-- Task to complete --
Skip the pictures, and retype the data below in full, exactly.

-- The data --
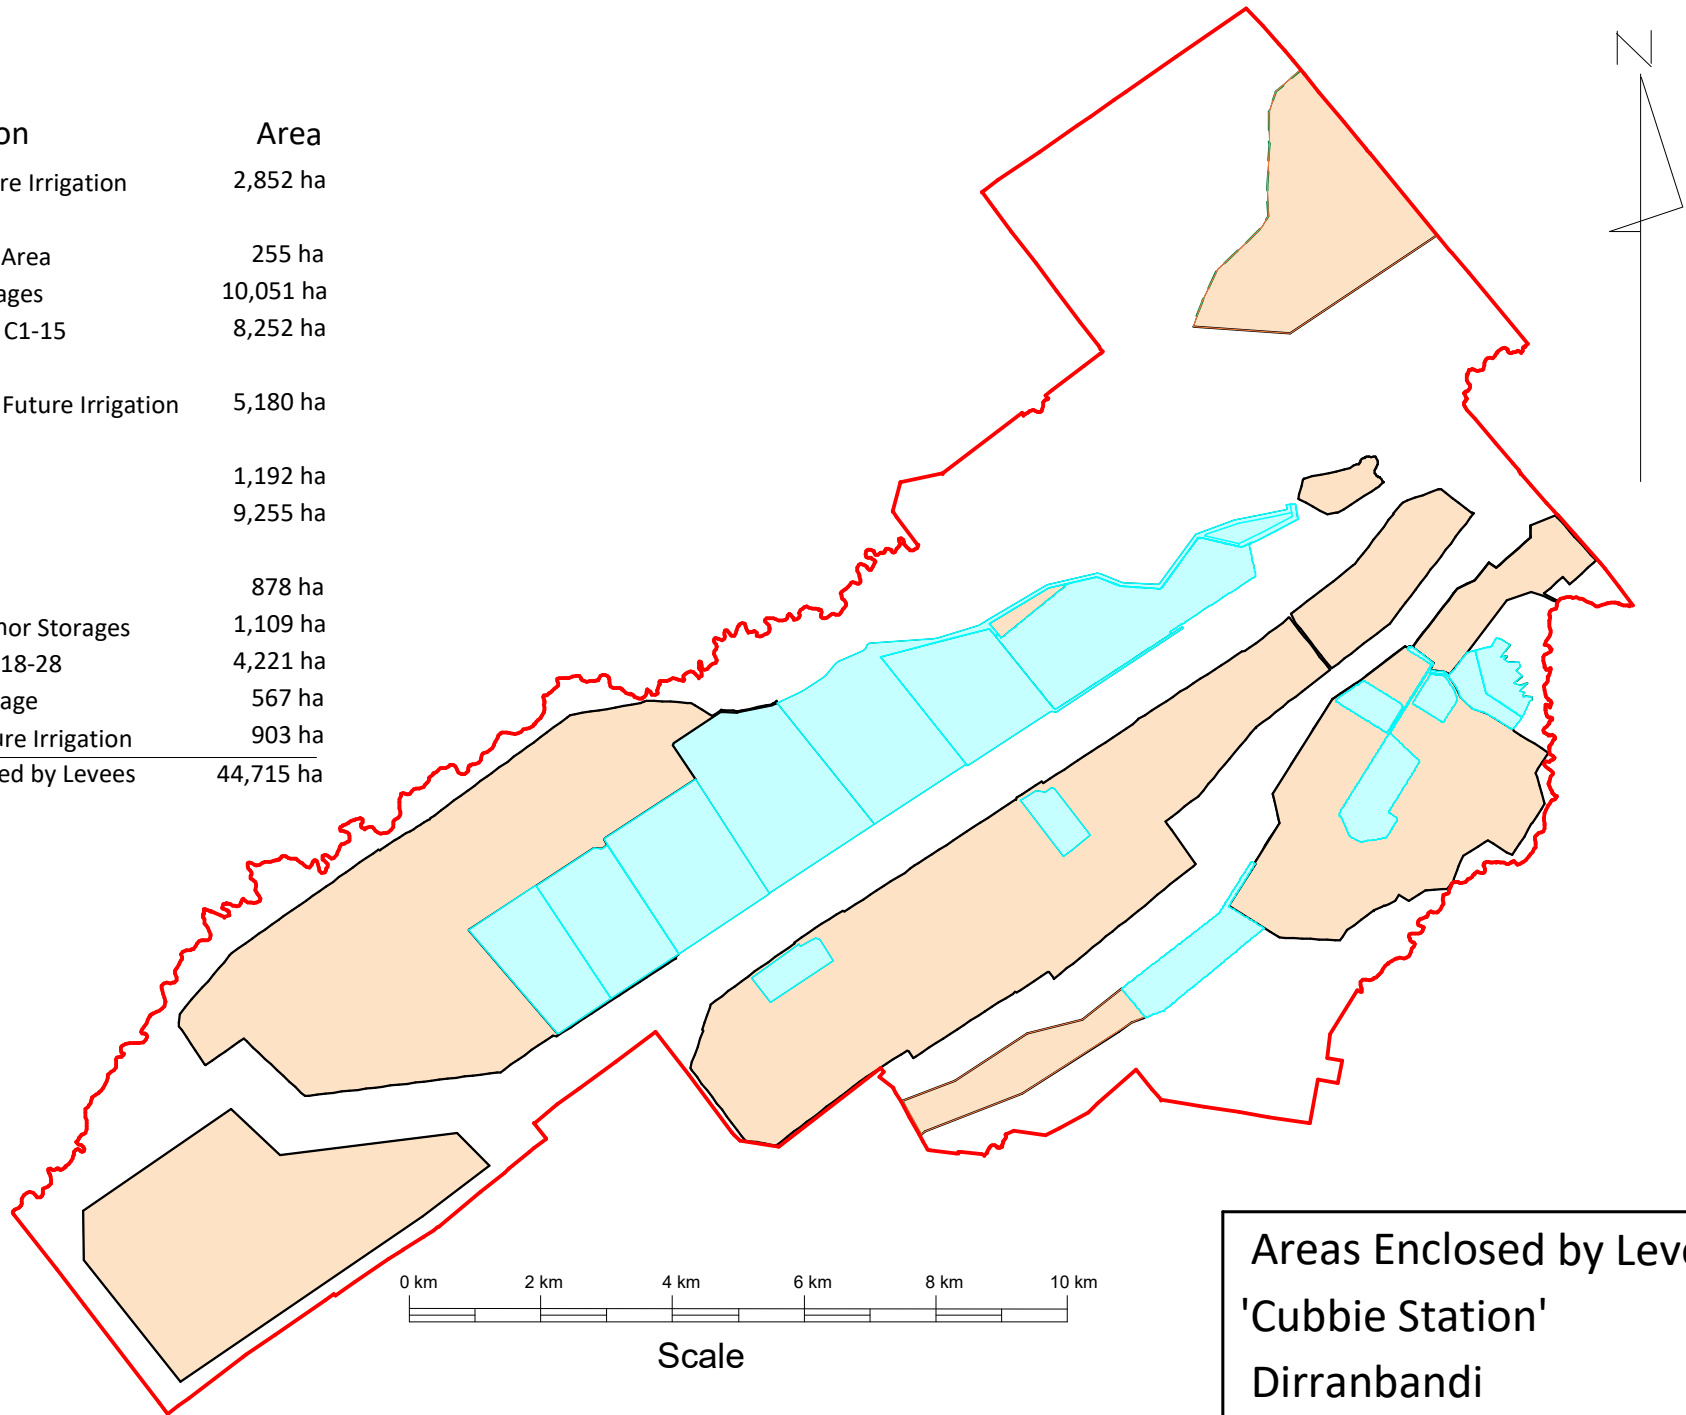

Description	Area
Culgoa Future Irrigation	2,852 ha
Homestead Area	255 ha
Culgoa Storages	10,051 ha
Fields U1-7, C1-15	8,252 ha
Woolerbilla Future Irrigation	5,180 ha
Fields 29-33	1,192 ha
Fields 34-62	9,255 ha
Fields 14-17	878 ha
Balonne Minor Storages	1,109 ha
Fields 1-13, 18-28	4,221 ha
Kirrima Storage	567 ha
Kirrima Future Irrigation	903 ha
Total Enclosed by Levees	44,715 ha

Areas Enclosed by Levees
'Cubie Station'
Dirranbandi
 17 July 2018
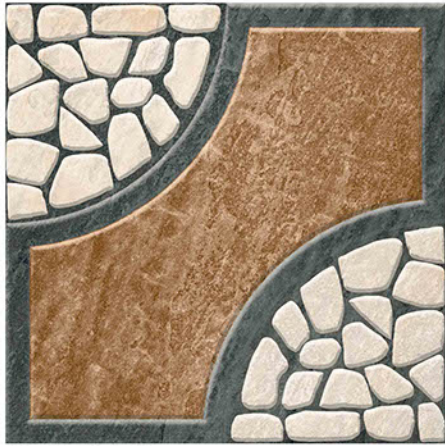

**P-2313**

Applicable On  
Wall & Floor

HD  
Clarity

Random  
Design

Zero  
Maintenance

Eco  
Friendly

**400x400MM** | VITRIFIED  
PARKING TILES

**PUNCH** SERISE
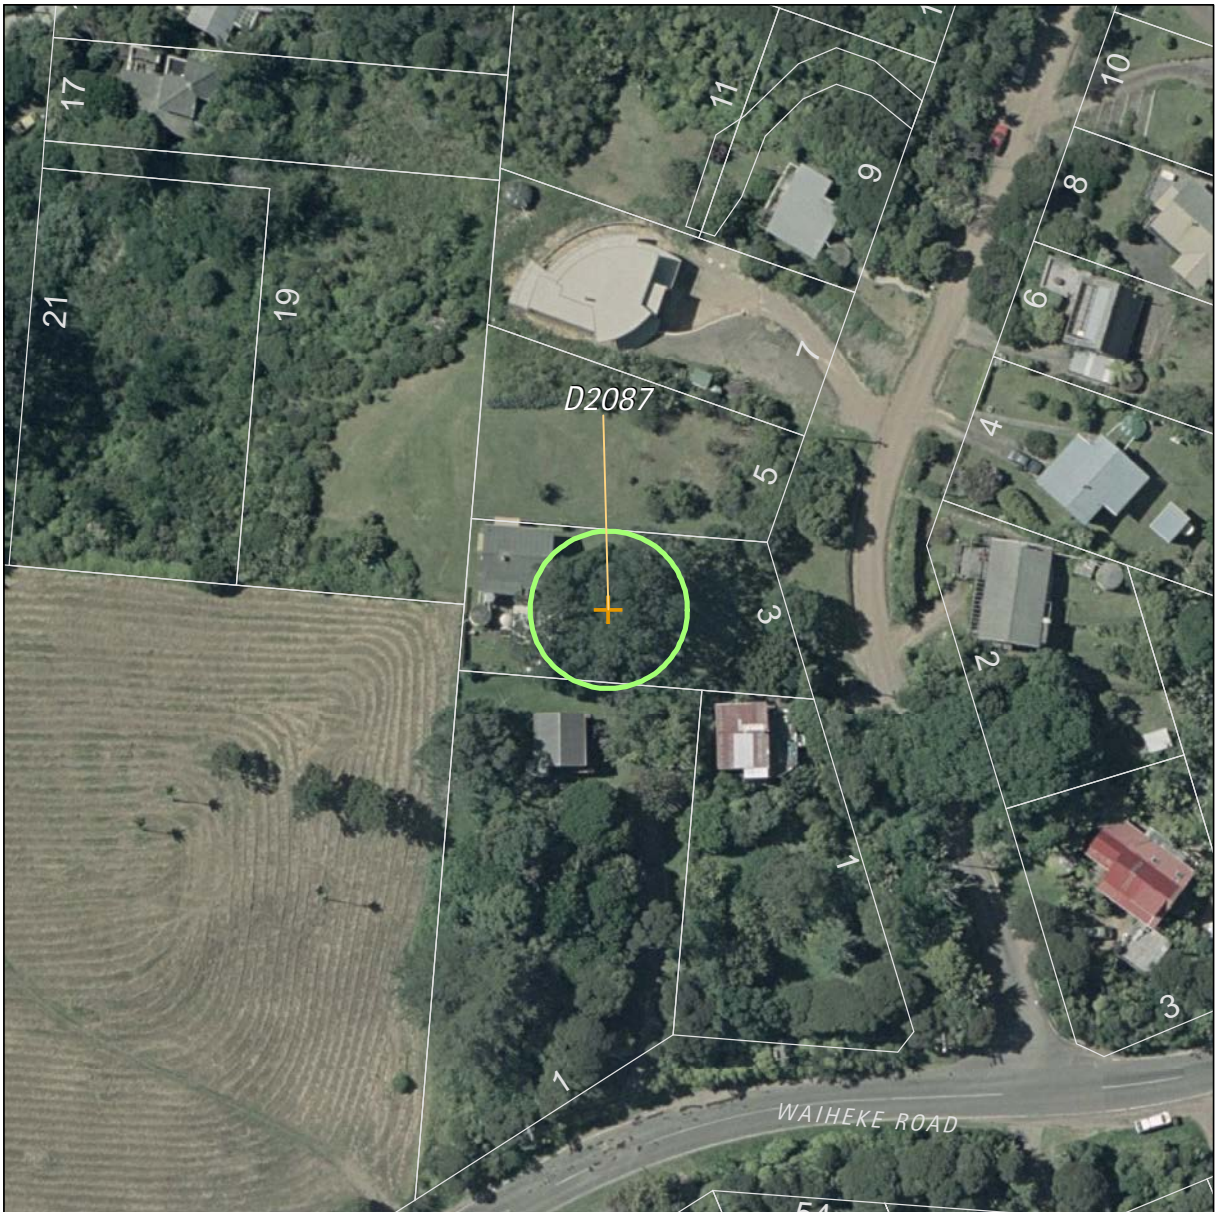

Trees		Map reference: 11-4

Island: Waiheke
Site Address: 3, Garratt Road, Onetangi, Waiheke Island

UID	Name of item	Reasons	Category	Digitised points (NZMG)
2087	<i>Metrosideros excelsa</i> (Pohutukawa)	a,b,D,E,F,g,h,I,J	B	D2087 E2696721.81, N6488035.85

Refer to the disclaimer at the beginning of this appendix.

-- Expected answer --
Description	Area
Culgoa Future Irrigation	2,852 ha
Homestead Area	255 ha
Culgoa Storages	10,051 ha
Fields U1-7, C1-15	8,252 ha
Woolerbilla Future Irrigation	5,180 ha
Fields 29-33	1,192 ha
Fields 34-62	9,255 ha
Fields 14-17	878 ha
Balonne Minor Storages	1,109 ha
Fields 1-13, 18-28	4,221 ha
Kirrima Storage	567 ha
Kirrima Future Irrigation	903 ha
Total Enclosed by Levees	44,715 ha

Areas Enclosed by Levees
'Cubie Station'
Dirranbandi
 17 July 2018

**P-2313**

Applicable On  
Wall & Floor

HD  
Clarity

Random  
Design

Zero  
Maintenance

Eco  
Friendly

**400x400MM** | VITRIFIED  
PARKING TILES

**PUNCH** SERISE

Trees		Map reference: 11-4

Island: Waiheke
Site Address: 3, Garratt Road, Onetangi, Waiheke Island

UID	Name of item	Reasons	Category	Digitised points (NZMG)
2087	<i>Metrosideros excelsa</i> (Pohutukawa)	a,b,D,E,F,g,h,I,J	B	D2087 E2696721.81, N6488035.85

Refer to the disclaimer at the beginning of this appendix.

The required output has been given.